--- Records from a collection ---
==================================================

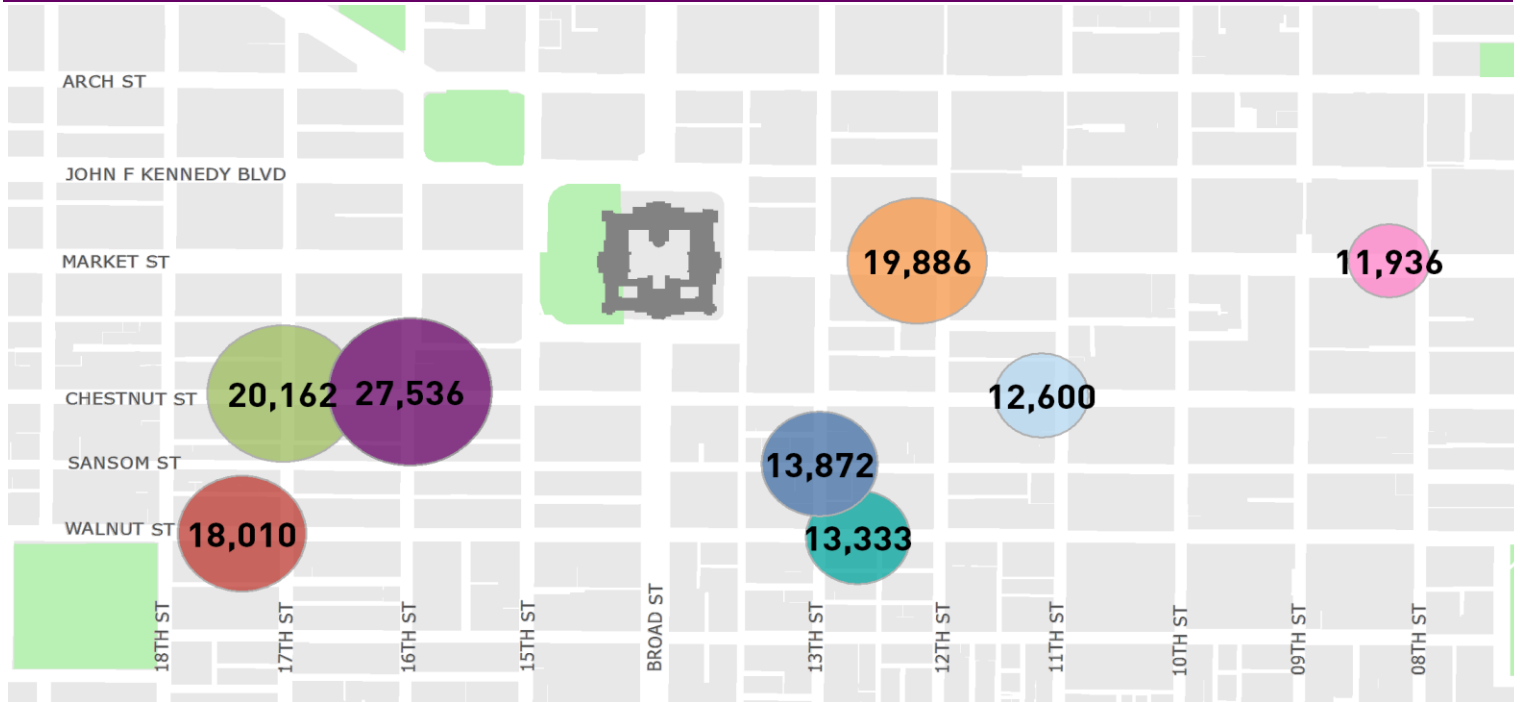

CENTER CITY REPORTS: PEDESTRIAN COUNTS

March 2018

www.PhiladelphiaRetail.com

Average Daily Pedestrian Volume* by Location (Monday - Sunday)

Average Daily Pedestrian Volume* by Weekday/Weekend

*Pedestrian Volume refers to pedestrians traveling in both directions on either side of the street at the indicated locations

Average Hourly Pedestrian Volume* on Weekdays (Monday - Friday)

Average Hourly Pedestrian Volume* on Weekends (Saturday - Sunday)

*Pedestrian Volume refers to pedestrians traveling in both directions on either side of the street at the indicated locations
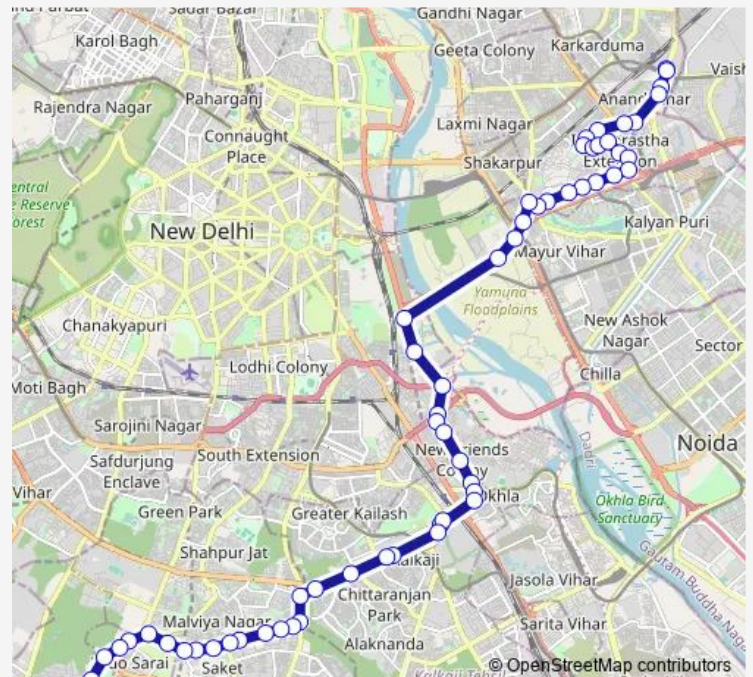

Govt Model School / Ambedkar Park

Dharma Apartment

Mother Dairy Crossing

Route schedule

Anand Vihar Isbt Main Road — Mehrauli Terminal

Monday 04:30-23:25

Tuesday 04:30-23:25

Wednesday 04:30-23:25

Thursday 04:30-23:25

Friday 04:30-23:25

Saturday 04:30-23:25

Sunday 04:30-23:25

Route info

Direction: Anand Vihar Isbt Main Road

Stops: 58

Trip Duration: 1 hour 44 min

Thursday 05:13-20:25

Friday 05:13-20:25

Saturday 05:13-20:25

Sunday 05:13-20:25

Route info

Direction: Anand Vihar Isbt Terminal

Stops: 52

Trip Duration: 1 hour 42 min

==================================================

--- WHAT NEEDS TO BE DONE ---
Every line of the entries above that includes "Daily" should be copied.

--- THE ANSWER ---
Average Daily Pedestrian Volume* by Location (Monday - Sunday)
Average Daily Pedestrian Volume* by Weekday/Weekend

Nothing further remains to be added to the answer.